** Input data follows **

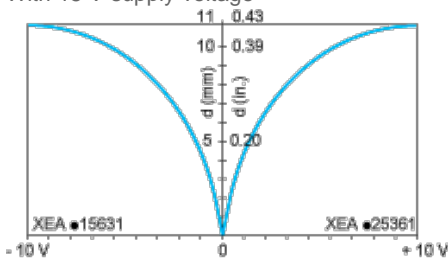

Analogue Circuit Characteristics

Analogue Signal Output Curves

With 15 V supply voltage

d Distance travelled by the pushbutton operator

Power supply voltage = 15 V, output voltage = 10 V (if supply voltage < 15 V, output voltage < 10 V)
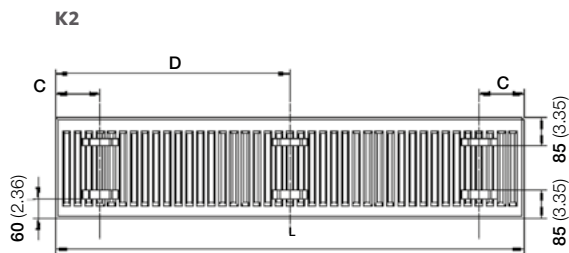

Dimensions	mm	inches	mm	inches	mm	inches
Height	300	11.81	450	17.72	600	23.62
A	65	2.56	65	2.56	65	2.56
B	119	4.69	99	3.90	99	3.90
C	-	-	269	10.59	419	16.50
D	153	6.02	303	11.93	453	17.83
E	185	7.28	335	13.19	485	19.09

VITA SILHOUETTE CONCEPT

Vita Series

K1 & K2 LUG POSITIONS

All dimensions in mm. Inches in brackets.

L	K1				K2			
	A		B		C		D	
	mm	in	mm	in	mm	in	mm	in
400	117	4.60	-	-	133	5.24	-	-
500 - 1100	150	5.90	-	-	133	5.24	-	-
1200 - 1600	150	5.90	-	-	133	5.24	-	-
1800 - 2000	150	5.90	(L/2) + 17		133	5.24	L/2	

CONNECTIONS

Each radiator comes with 1/2" inlet connections as standard.

PIPING OPTIONS

VITA SILHOUETTE CONCEPT

Vita Series

PRESSURE DROP

- ① Type 11 (K1)
- ② Type 22 (K2)

** End of Input data **

| About this task |
Copy all lines in the listing above where the string "supply" appears.

| Written answer |
With 15 V supply voltage
Power supply voltage = 15 V, output voltage = 10 V (if supply voltage < 15 V, output voltage < 10 V)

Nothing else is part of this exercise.